## Excerpted records
==*==

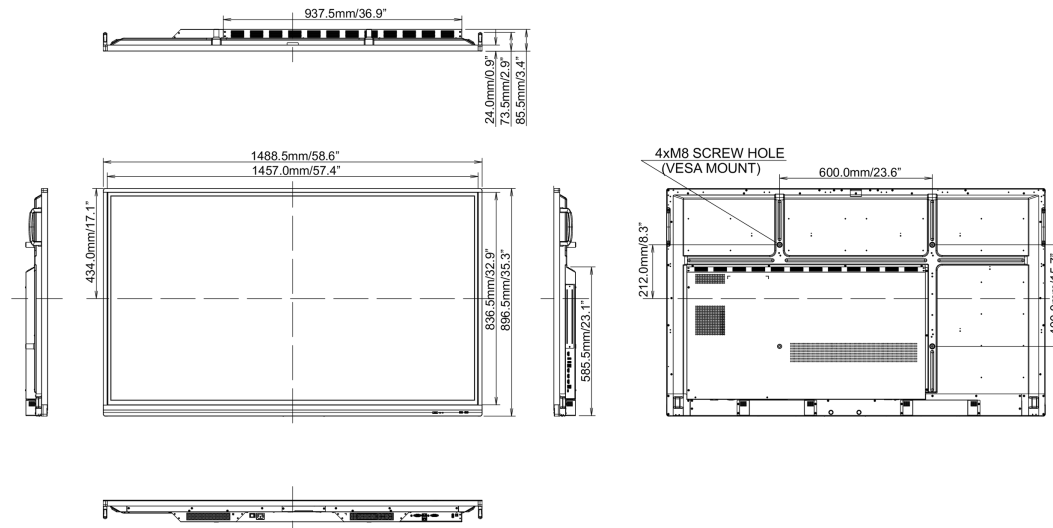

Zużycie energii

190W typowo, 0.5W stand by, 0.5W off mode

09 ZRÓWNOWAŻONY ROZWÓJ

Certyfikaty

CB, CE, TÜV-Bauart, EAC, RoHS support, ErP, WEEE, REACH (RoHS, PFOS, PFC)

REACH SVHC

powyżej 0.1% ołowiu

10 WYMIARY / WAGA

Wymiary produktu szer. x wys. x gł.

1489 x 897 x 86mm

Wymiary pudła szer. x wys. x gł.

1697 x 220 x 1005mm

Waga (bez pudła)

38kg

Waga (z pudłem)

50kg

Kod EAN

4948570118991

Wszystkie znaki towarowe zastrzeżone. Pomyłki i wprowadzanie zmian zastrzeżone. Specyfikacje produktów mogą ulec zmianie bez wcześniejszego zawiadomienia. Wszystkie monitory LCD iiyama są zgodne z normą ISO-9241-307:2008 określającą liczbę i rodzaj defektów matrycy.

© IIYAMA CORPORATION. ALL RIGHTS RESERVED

==*==

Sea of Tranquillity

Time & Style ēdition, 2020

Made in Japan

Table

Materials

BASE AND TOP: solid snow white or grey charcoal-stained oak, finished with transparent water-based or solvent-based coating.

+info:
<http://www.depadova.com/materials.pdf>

==*==

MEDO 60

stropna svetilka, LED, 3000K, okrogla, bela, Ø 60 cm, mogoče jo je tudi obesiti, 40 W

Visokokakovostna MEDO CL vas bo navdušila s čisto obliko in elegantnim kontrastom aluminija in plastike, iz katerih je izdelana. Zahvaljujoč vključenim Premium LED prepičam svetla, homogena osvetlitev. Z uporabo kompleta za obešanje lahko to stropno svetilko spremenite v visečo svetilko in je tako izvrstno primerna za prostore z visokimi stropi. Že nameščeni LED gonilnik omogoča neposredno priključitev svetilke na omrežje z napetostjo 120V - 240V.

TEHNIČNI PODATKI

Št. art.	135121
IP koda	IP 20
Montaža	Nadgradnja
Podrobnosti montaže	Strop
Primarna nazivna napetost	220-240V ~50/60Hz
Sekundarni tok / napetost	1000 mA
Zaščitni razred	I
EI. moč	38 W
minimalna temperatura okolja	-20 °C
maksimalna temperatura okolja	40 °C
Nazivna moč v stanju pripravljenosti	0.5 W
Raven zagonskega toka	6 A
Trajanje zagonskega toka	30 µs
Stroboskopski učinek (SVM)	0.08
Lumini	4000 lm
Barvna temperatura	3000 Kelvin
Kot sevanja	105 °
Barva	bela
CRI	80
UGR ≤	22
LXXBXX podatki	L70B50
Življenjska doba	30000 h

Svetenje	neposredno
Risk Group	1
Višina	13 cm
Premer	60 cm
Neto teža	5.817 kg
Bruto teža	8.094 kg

==*==

## About this exercise
Tally the lines of the listing that contain "okolja" and give the tally alone.

## Reply
2